_Extracted records_
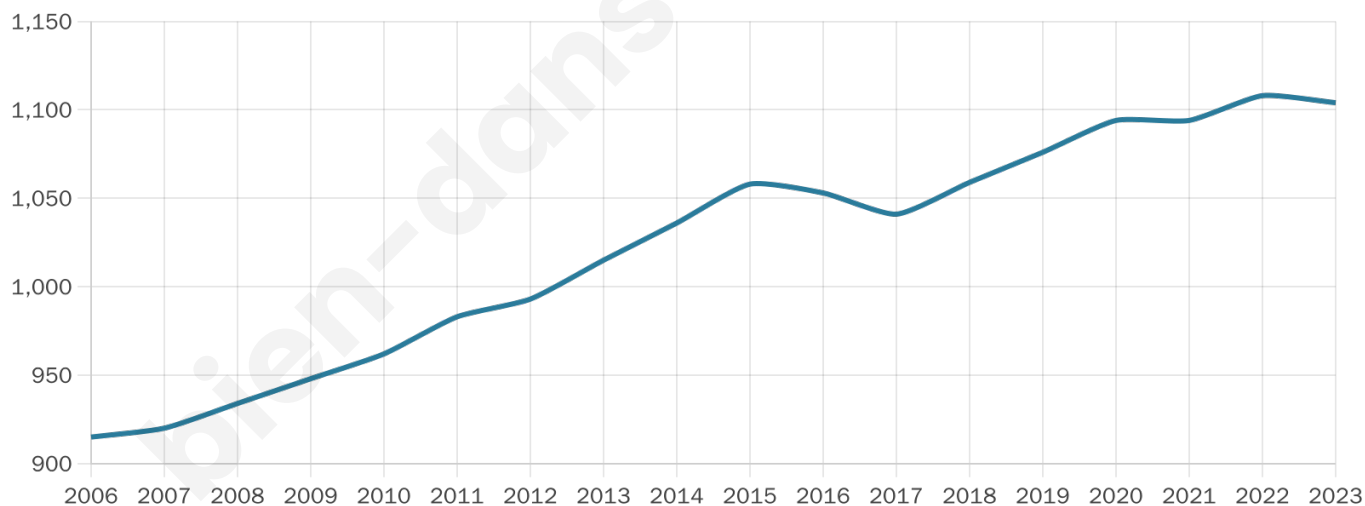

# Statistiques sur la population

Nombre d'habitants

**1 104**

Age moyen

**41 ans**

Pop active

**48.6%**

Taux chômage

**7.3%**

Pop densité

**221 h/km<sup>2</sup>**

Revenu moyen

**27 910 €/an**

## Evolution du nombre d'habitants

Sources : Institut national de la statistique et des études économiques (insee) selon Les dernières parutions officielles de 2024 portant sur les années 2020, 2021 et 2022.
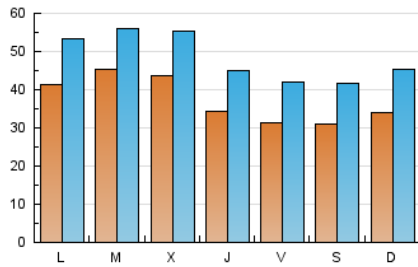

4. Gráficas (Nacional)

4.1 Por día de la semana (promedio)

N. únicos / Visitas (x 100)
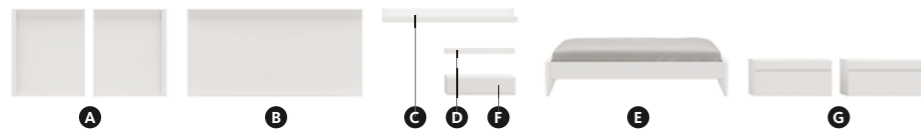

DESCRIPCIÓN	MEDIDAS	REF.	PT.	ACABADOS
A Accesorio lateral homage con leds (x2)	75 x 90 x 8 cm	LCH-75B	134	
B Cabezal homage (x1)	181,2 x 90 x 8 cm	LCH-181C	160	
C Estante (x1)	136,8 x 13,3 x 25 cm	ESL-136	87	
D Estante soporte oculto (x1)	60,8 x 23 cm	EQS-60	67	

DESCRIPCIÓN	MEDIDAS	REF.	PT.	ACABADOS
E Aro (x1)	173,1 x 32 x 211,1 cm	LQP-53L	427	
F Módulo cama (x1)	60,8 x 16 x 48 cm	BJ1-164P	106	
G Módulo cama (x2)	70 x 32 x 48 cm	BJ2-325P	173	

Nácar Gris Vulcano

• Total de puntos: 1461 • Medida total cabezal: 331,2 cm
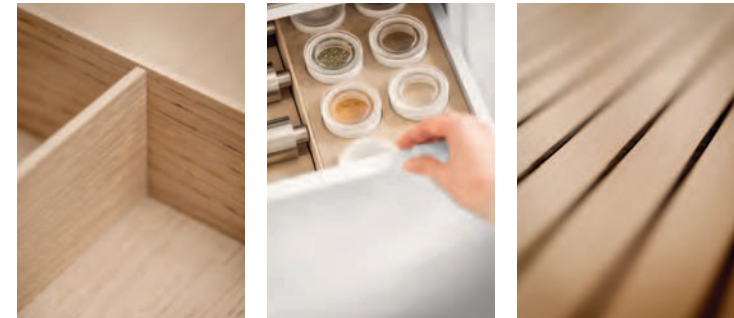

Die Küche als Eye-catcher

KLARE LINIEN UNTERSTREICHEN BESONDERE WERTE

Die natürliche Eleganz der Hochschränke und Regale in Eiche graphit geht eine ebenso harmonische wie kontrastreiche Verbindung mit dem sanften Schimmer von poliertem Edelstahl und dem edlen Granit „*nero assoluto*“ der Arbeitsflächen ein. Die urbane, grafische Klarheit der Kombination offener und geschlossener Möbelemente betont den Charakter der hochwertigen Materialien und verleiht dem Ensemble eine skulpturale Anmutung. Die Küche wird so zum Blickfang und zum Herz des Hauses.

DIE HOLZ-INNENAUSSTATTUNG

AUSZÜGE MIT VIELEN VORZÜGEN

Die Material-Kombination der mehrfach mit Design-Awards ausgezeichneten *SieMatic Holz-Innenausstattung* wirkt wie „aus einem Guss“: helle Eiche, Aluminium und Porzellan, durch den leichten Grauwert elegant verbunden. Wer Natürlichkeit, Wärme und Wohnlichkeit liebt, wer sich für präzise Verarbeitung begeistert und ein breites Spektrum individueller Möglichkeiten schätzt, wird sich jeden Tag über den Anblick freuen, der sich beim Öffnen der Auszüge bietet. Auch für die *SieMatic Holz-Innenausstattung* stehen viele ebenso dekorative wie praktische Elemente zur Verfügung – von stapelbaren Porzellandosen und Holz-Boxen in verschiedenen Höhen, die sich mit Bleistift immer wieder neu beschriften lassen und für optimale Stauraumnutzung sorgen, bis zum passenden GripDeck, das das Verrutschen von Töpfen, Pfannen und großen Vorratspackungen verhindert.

_Task item_
In the records above, find the line containing "G Módulo cama" and the line containing "KLARE LINIEN UNTERSTREICHEN BESONDERE WERTE", then give both of them again word for word along with every line between. Omit any pictures.

_Output of the task_
G Módulo cama (x2)	70 x 32 x 48 cm	BJ2-325P	173	

Nácar Gris Vulcano

• Total de puntos: 1461 • Medida total cabezal: 331,2 cm

Die Küche als Eye-catcher

KLARE LINIEN UNTERSTREICHEN BESONDERE WERTE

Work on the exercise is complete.